Давно вытерлись и выгорели апашкины корпешки. Уже не у кого даже спросить: а как её звали-то?
Была у нас одна дальняя-предальняя родственница. Маленькая, сухонькая старушка. Сто километров морщин, немного зубов. Руки изработанные, тонкие, в недорогих, но старинных браслетах. Мочки ушей, вытянутые серьгами, застиранное широкое ситцевое платье, платок, сапожки мәсi в любую погоду. Толком не знаю, в каком именно свойстве-родстве мы с ней состояли. Папа звал её – женеше. Из чего следует, во всяком случае, что она была женой одного из наших дальних родичей. Жила она, вдовая к тому времени, с семьёй младшего сына, учителя математики. Нянчила выводок внуков, снохе мозг не ела. Ни на кого не гневалась и не обижалась.

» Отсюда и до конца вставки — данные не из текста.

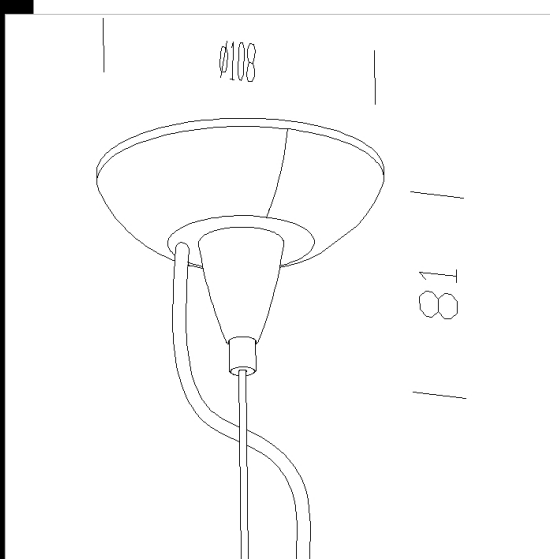

2508 Sospensione elettrificata

Completa di cavetto in acciaio con dispositivo per regolazione millimetrica e cavo di alimentazione (3x1.5). Carico max: Kg 30. lunghezza 200cm.

Download

DXF 2D
- 2509.dxf

Code	Kg	WTot	Colour
994010-00	0,46	0 W	ARGENTO MET.

Prodotti

- 3132 Tex fascio largo

- 3124 Ghost - luce

- 3120 Ghost - diffusore

- 3136 Campana - diffondente

- 3137 Campana

- 1770 Lanterna 2 - con lamellare

- 3113 Ghost - luce diretta/indiretta

- 1395 Cilindro a sospensione - COB

- 3110 Ghost - diffusore trasparente

- 3111 Ghost - diffusore interno metallizzato

- 3122 Ghost - diffusore

The reported luminous flux is the flux emitted by the light source with a tolerance of $\pm 10\%$ compared to the indicated value. The W tot column indicates the total wattage absorbed by the system without exceeding 10% of the indicated

Жила семья не беднее и не богаче других, но старушка держала своеобразную аскезу, происходящую не от скаредности, не от недостатка средств, а от добровольного, сознательного отказа от лишнего. Даже самого дешёвого старушечьего кошелька и сумки у неё не было. Как у Тома Сойера был «другой костюм», так и у неё было два платья. Медяки и небогатые свои рублишки заворачивала в носовой платок, вещи в узелок, а пределом роскоши полагала сахар науат к чаю.
Было у апайки, если говорить высокопарно, своего рода служение. По весне, как только оттаивали снега, она, внимая ей одной слышному зову, сворачивала в узелок смену белья, другое платье, туда же полкило конфет, отрез ситца, выдёргивала, одного из кучи-малы, внука-дошкольника и отправлялась в паломничество. По родственникам.
Не зная грамоты, без адресов, путеводителей, без навигаторов, как бесстрашный пилигрим, как перелётная птица по одной ей понятным приметам находит путь к гнездовью, отыскивала она самую дальнюю - во всех смыслах - родню. Добиралась поездом, автобусом, на попутных грузовичках и телегах, пешком, посадив внука на спину, шлёпая по пыли неутомимыми ступнями. Однажды дядя, папин брат, возвращаясь из дальней командировки, из окна купе увидел её, задумчиво облокотившуюся на перила парома, натужно форсирующего жёлтые воды безымянной реки…
Гостила она в каждом доме неделями, месяцами. И удивительное дело. Настолько была деликатна, незлобива, ненавязчива, что никого не раздражала, никому не была в тягость.
Усевшись на топчане по-турецки, потуже завязывала платок, засучивала рукава и отдавала команду – несите корпешки, я вам их выправлю…
У таких-то дочь замуж вышла очень удачно, в хорошую семью. В приданое дали то-то и то-то. А у такого-то сын стал большим начальником. А такой-то белую машину купил и повёз семью к төркінам жены, в гости…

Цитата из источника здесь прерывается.